BEGIN Material for the task

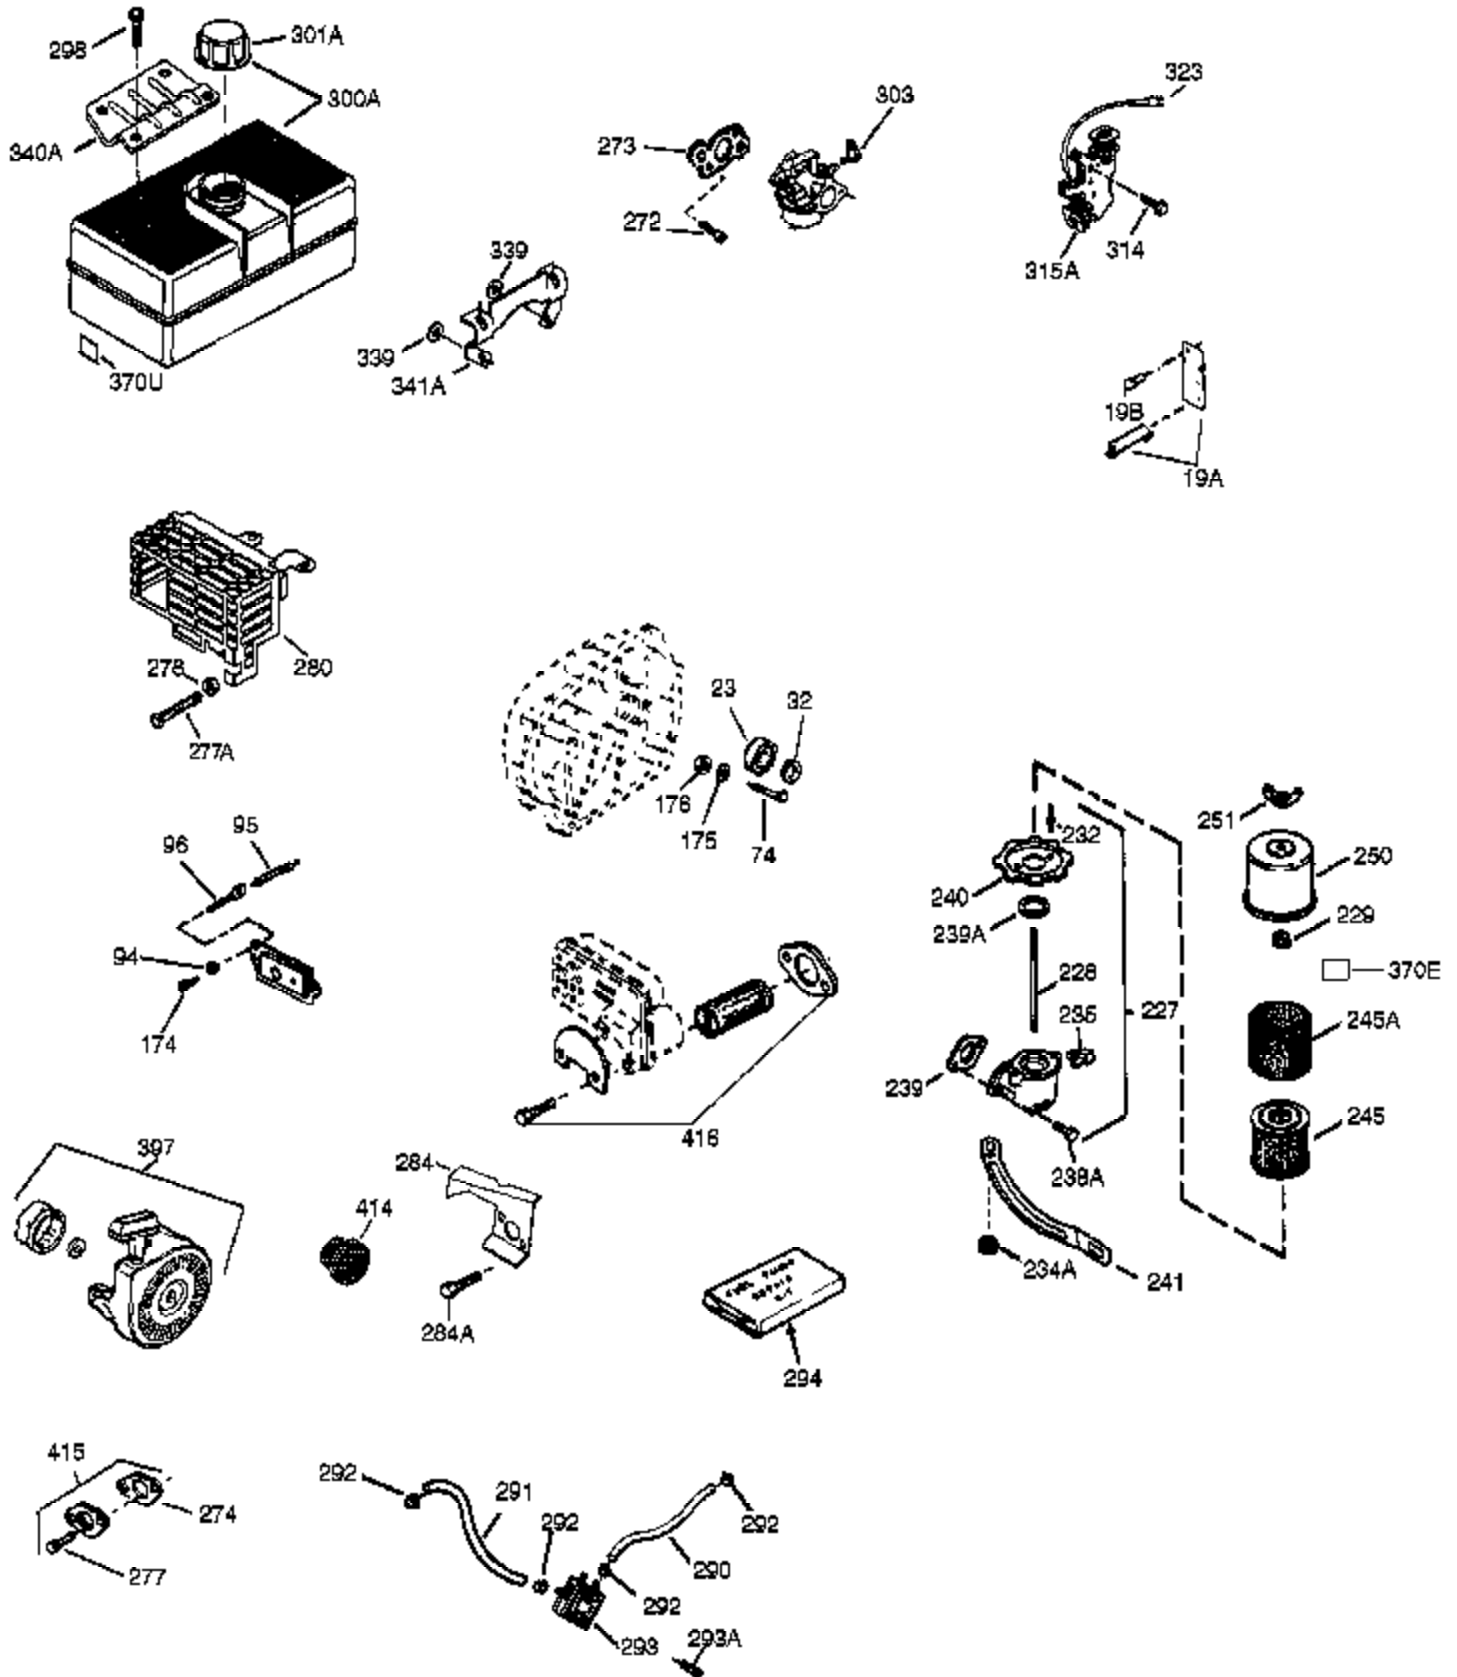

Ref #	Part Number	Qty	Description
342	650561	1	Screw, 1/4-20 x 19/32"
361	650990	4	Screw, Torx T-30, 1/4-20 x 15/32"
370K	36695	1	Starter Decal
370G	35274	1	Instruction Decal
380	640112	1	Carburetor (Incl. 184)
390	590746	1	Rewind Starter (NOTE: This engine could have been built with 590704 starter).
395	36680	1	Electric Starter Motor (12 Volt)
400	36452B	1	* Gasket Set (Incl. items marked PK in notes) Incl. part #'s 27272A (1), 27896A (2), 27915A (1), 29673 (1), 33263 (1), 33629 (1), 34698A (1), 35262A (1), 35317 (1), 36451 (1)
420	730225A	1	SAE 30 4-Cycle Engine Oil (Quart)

END Material for the task

Work order ▸ Lines holding "Incl": copy each one from the records above.

Response for this exercise ▸
380	640112	1	Carburetor (Incl. 184)
400	36452B	1	* Gasket Set (Incl. items marked PK in notes) Incl. part #'s 27272A (1), 27896A (2), 27915A (1), 29673 (1), 33263 (1), 33629 (1), 34698A (1), 35262A (1), 35317 (1), 36451 (1)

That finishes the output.